(Records supplied)
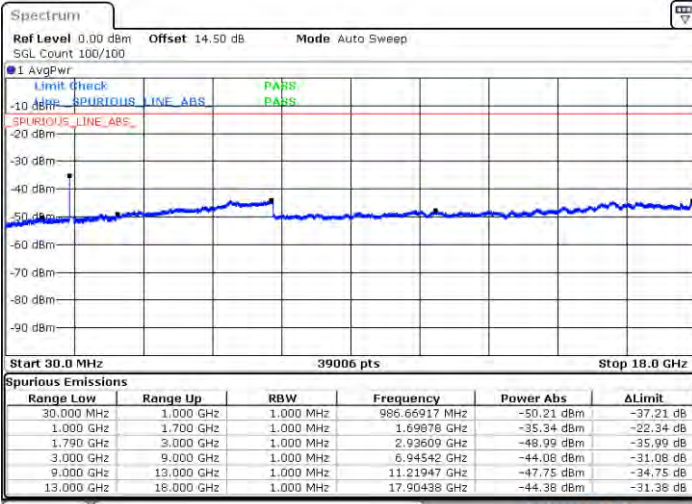

LTE Band 66C / 20MHz+5MHz

16QAM

Lowest Channel / 1RB0 and 1RB24

Lowest Channel / 1RB99 and 1RB0

Date: 2021/05/26 10:35:26

Date: 2021/05/26 10:38:33

Lowest Channel / FullIRB

N/A

Date: 2021/05/26 10:31:28

LTE Band 66C / 20MHz+5MHz

16QAM

Middle Channel / 1RB0 and 1RB24

Middle Channel / 1RB99 and 1RB0

Date: 2021/05/10 05:48:10

Date: 2021/05/10 05:50:53

Middle Channel / FullRB
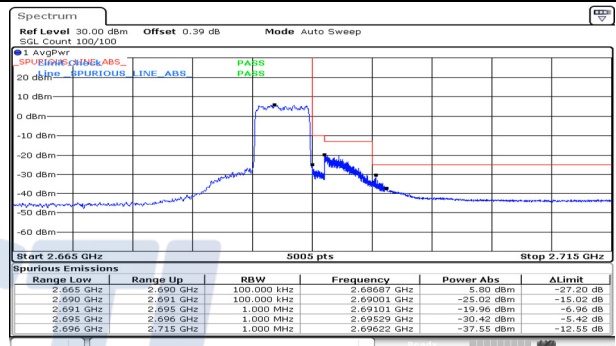

Test mode: LTE Band 41

5M BW QPSK Low ch. 1RB

5M BW QPSK High ch. 1RB

5M BW QPSK Low ch. FRB

5M BW QPSK High ch. FRB

5M BW 16QAM Low ch. 1RB

5M BW 16QAM High ch. 1RB

5M BW 16QAM Low ch. FRB

5M BW 16QAM High ch. FRB

10M BW QPSK Low ch. 1RB

10M BW QPSK High ch. 1RB

10M BW QPSK Low ch. FRB

10M BW QPSK High ch. FRB

10M BW 16QAM Low ch. 1RB

10M BW 16QAM High ch. 1RB

10M BW 16QAM Low ch. FRB
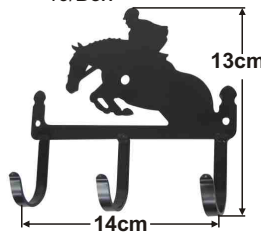

**NO.4226
HOOK**

Horse head & Horse shoes form made of steel
Size:Length:17cm, Width:12cm
Color:black(4)
50/Box

**NO.H18-021
HOLDER FOR STABLE MATE**

The plate can be fastened on stable metal tube. made of steel (nickel-plated) screws included. Less stable mate
100/Box
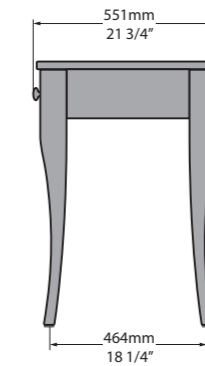

The Bosa 112 Glass is a traditional vanity table with a timber carcass. Features full width single drawer in solid cherry wood with faux 3-drawer face plate.

- Toughened glass vanity top suitable for all Victoria + Albert vessel basins (not included);
- Drilled for waste kit, with options to order with or without tap holes;
- Four adjustable feet for perfect levelling;
- Available in Light Grey and Gloss White.

BOS-N-112-xx BOS-1TH-112-xx

Side View

l = 1119mm/44"
w = 551mm/21 3/4"
h = 758mm/29 7/8"

BOS-N-112-xx
BOS-1TH-112-xx
48.5kg
(End Records supplied)
Directions:
Starting at the line that contains "BOS-N-112-xx BOS-1TH-112-xx", output every remaining line of the data exactly, and stop after the last one.

Written answer:
BOS-N-112-xx BOS-1TH-112-xx

Side View

l = 1119mm/44"
w = 551mm/21 3/4"
h = 758mm/29 7/8"

BOS-N-112-xx
BOS-1TH-112-xx
48.5kg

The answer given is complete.